_TASK DESCRIPTION_. If a line in the entries below holds the string "Schnittlänge", copy it.

_STORED DATA_.
++++++++++
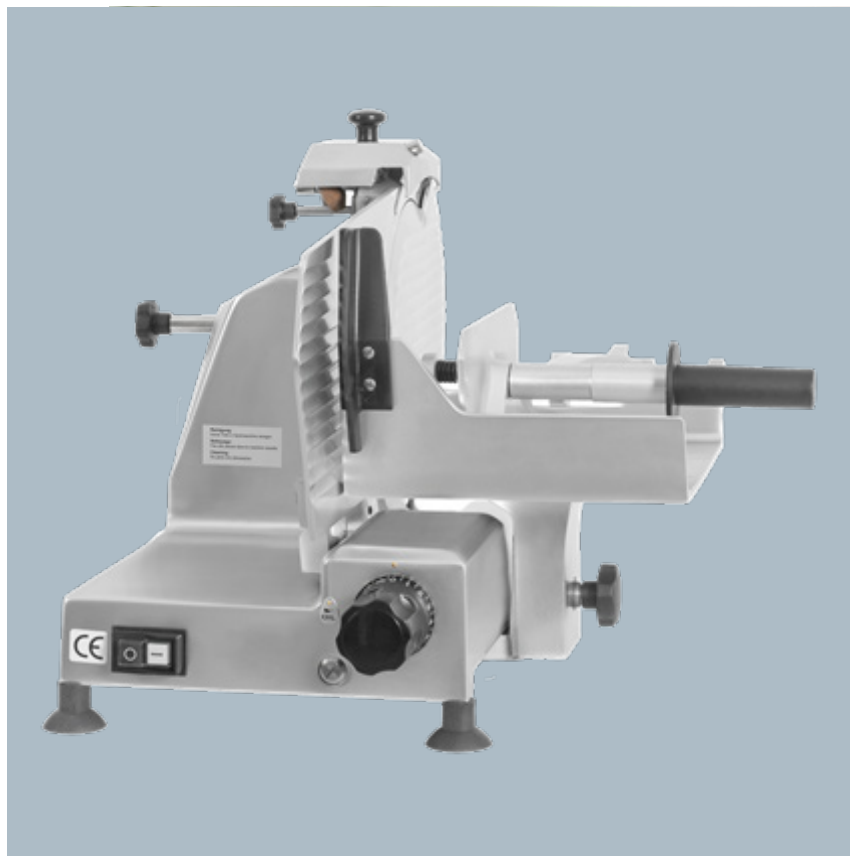

BÜRGI AUFSCHNITTMASCHINEN

AUFSCHNITTMASCHINEN FÜR JEDEN BETRIEB

Unsere Aufschnittmaschinen sind vollumfänglich aus Metall gefertigt, sind robust und garantieren für eine längere Lebensdauer. Zudem sind unsere Aufschnittmaschinen in verschiedenen Grössen und Ausführungen erhältlich. Wir bieten das passende Modell für jede Betriebsgrösse und für jedes Budget.

Modell 195

Breite x Tiefe x Höhe	375 x 360 x 315 mm
Messer Ø	195 mm
Schnittlänge	130 mm
Schnitthöhe	140 mm
Schnittstärke	15 mm
Anschlusswert	230 Volt

Modell 220 AGU und TGU

	AGU	TGU
Breite x Tiefe x Höhe	420 x 475 x 320 mm	420 x 500 x 360 mm
Messer Ø	220 mm	220 mm
Schnittlänge	180 mm	220 mm
Schnitthöhe	150 mm	150 mm
Schnittstärke	15 mm	15 mm
Anschlusswert	230 Volt	230 Volt

Modell 250 Gradschnitt und Schrägschnitt

	Gradschnitt	Schrägschnitt
Breite x Tiefe x Höhe	460 x 570 x 470 mm	480 x 570 x 470 mm
Messer Ø	250 mm	250 mm
Schnittlänge	240 mm	240 mm
Schnitthöhe	180 mm	190 mm
Schnittstärke	15 mm	15 mm
Anschlusswert	230 Volt	230 Volt

Brotschneidemaschine

Breite x Tiefe x Höhe	420 x 500 x 330 mm
Messer Ø	250 mm
Schnittlänge	230 mm
Schnitthöhe	180 mm
Schnittstärke	40 mm
Anschlusswert	230 Volt

HYGIENISCH - LEISTUNGSSTARK - VIELFÄLTIG

RETRO-AUFSCHNITTMASCHINEN
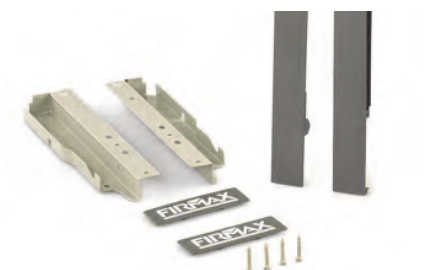

Артикул	Высота, мм	Цвет	Н.У., компл.
FRM0912.43	199	Серый	25
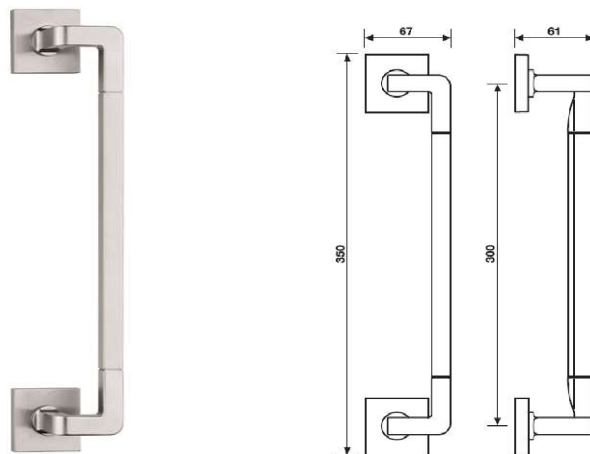

K 368 Serie AC4
pochwyt drzwiowy 300 mm

cena za szt.

wykończenie

K 368

chrom	C	1430,28
chrom-satyna	CA	1502,17
szary/czarny	L	1430,28
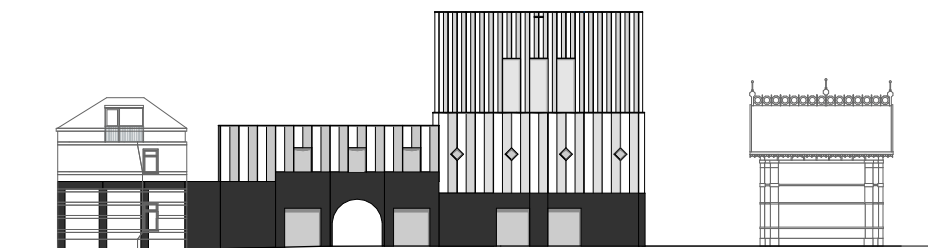

DE KUNSTWERF

Begane grond 1:500

DE KUNSTWERF

1ste verdieping :500

DE KUNSTWERF

2de verdieping :500

DE KUNSTWERF

Doorsnede 1:500

Zuidgevel 1:500

DE KUNSTWERF

Doorsnede 1:500

Oostgevel 1:500

Westgevel 1:500
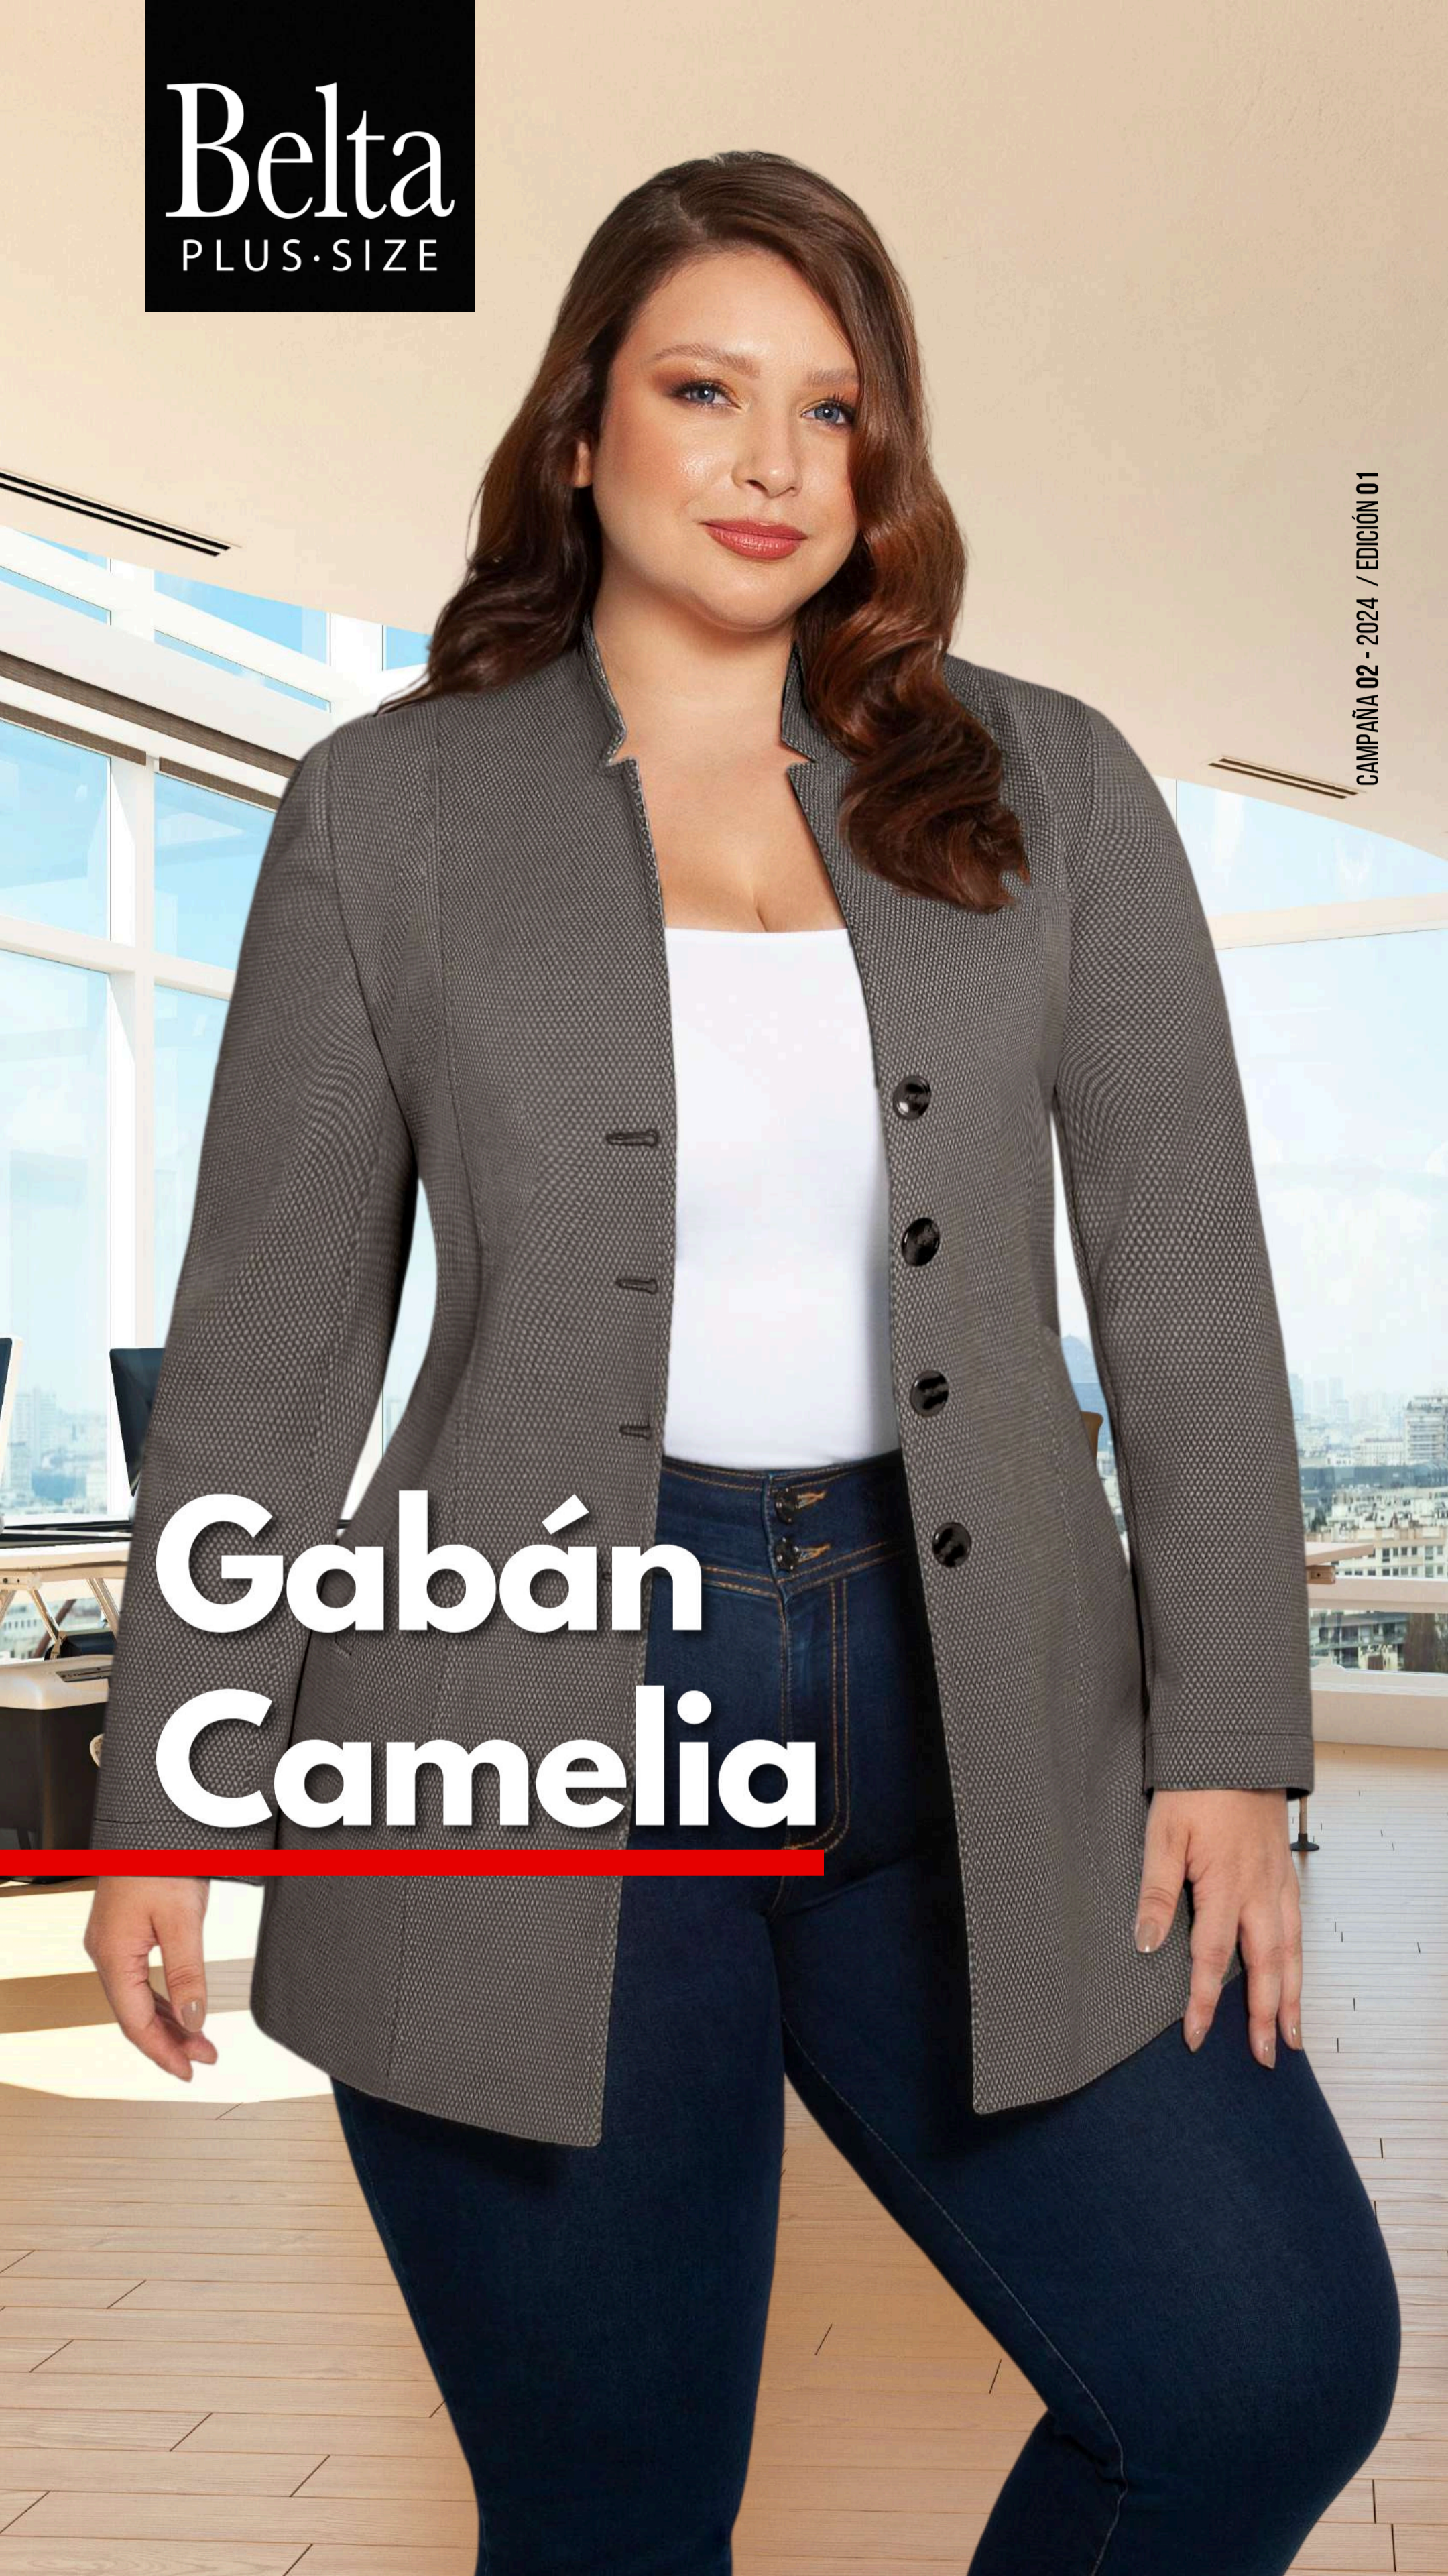

Belta
PLUS·SIZE

CAMPAÑA 02 - 2024 / EDICIÓN 01

Gabán Camelia
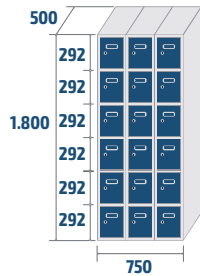

ECOB-25/3
COD: 82723
57,8kg · 0,67m³
++++++++++
_RESULT FOR THIS TASK_.
Schnittlänge	130 mm
Schnittlänge	180 mm	220 mm
Schnittlänge	240 mm	240 mm
Schnittlänge	230 mm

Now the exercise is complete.